A day after the Karnataka law was enacted on 17 May 2022, Pastor Kuryichan V and his wife Salenamma were arrested by the Karnataka police following a complaint from the Hindu activists for performing mass conversion on tribal workers in Kodagu. They were initially arrested under the Indian Penal Code Section 295 (a) (deliberate and malicious acts, intended to outrage religious feelings of any class by insulting its religion or religious beliefs), as the police had not yet received the official notification of the anti-conversion law. and will be charged under the new law once received.

In Madhya Pradesh, three Christian missionaries were arrested in December 2021 in Bicholi village. They were accused of attempting to convert members of Hindu tribes by offering free education and medical services.

In Gujarat, the Missionaries of Charity, established by Mother Teresa, had been accused of converting Hindus. Several police cases have been closed as no evidence was brought to court. The worker nuns have been arrested. In December 2021, the organization was under investigation for alleged child trafficking. The central government froze all international funding for the organisation.

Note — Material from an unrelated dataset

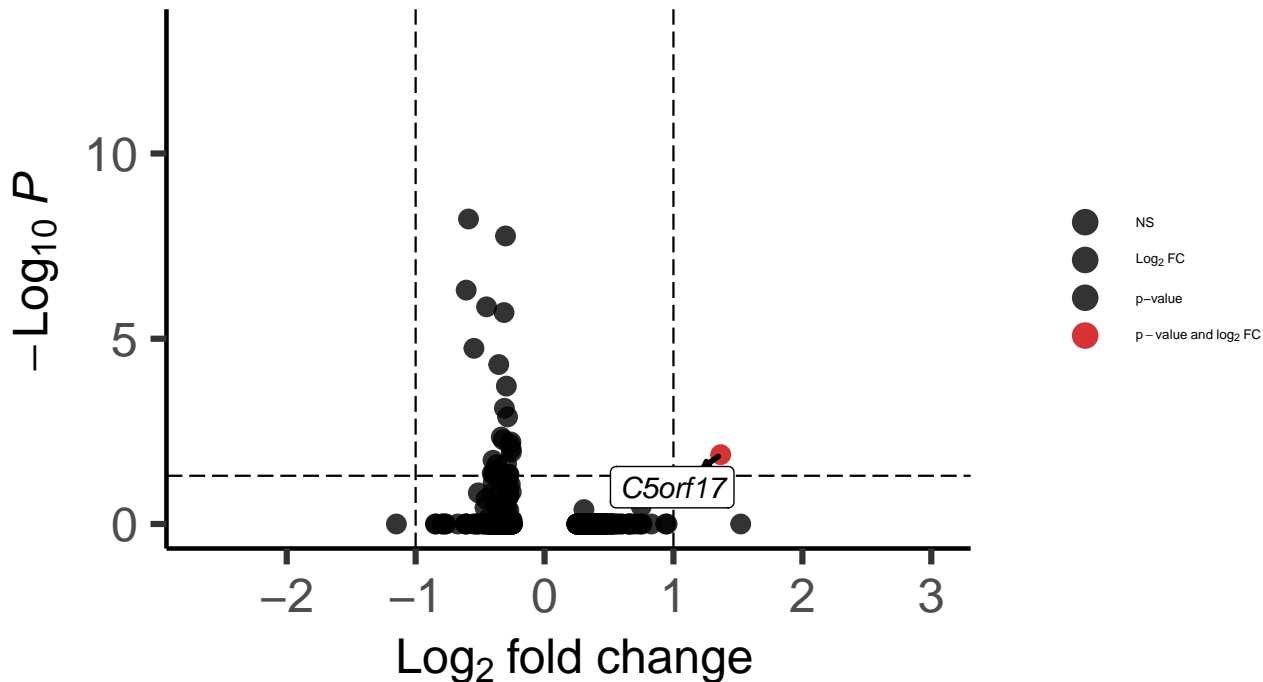

VIP_Hippocampus_wilcox_Bipolar_vs_Control

EnhancedVolcano

total = 552 variables

Challege to Constitutionality

Supreme Court of India is currently hearings pleas challenging the constitutional validity of anti-conversion laws enacted by Uttar Pradesh, Madhya Pradesh, Himachal Pradesh, Uttarakhand, Chhattisgarh, Gujarat, Haryana, Jharkhand, and Karnataka.

== Myanmar ==
Myanmar is a secular state but dominated by Buddhism, especially the politics by Buddhist nationalism. Article 34 of the Constitution of Myanmar, which recognizes religious freedom: "Every citizen is equally entitled to freedom of conscience and the right to freely profess and practise religion subject to public order, morality or health and to the other provisions of this Constitution." In 2015, the Association for the Protection of Race and Religion, known as Ma Ba Tha, introduced the Race and Religion Protection Laws to the Parliament of Burma. After approval, it was enacted by the President Thein Sein on 26 August 2015. Religious conversion should by applied to and approved by authorised registration boards. The law prohibits application "for conversion to a new religion with the intent of insulting, degrading, destroying or misusing any religion," the penalty of violation of which is two-year imprisonment or a fine of 200,000 Kyats, or both.

It was seen as "another means of discrimination against anyone who is non-Buddhist" as it legally requires the state permission for converting one's religion. The U.S. Commission on International Religious Freedom Chairman Robert P. George remarked: "Burma's leaders once again have disregarded internationally agreed human rights standards. The government claims that these bills  protect women and religion, but civil society groups in Burma have exposed them for what they are – tools the government uses to continue to violate the freedom of religion and related human rights."

== Sri Lanka ==
The Jathika Hela Urumaya, a Buddhist nationalists' party, introduced the Bill on Prohibition of Forcible Conversion in 2004. According to proposed provision the penalty for offence would be an imprisonment for seven years and a fine of up to Sri Lankan rupees 500,000 (USD4,425). The Christian and civil rights groups challenged it to the Supreme Court, which ruled that the main clauses violate the constitution. A modified version was put up in 2009 before the Parliament of Sri Lanka, and was rejected by the majority. In 2020, the Prime Minister Mahinda Rajapaksa announced again that the bill was prepared.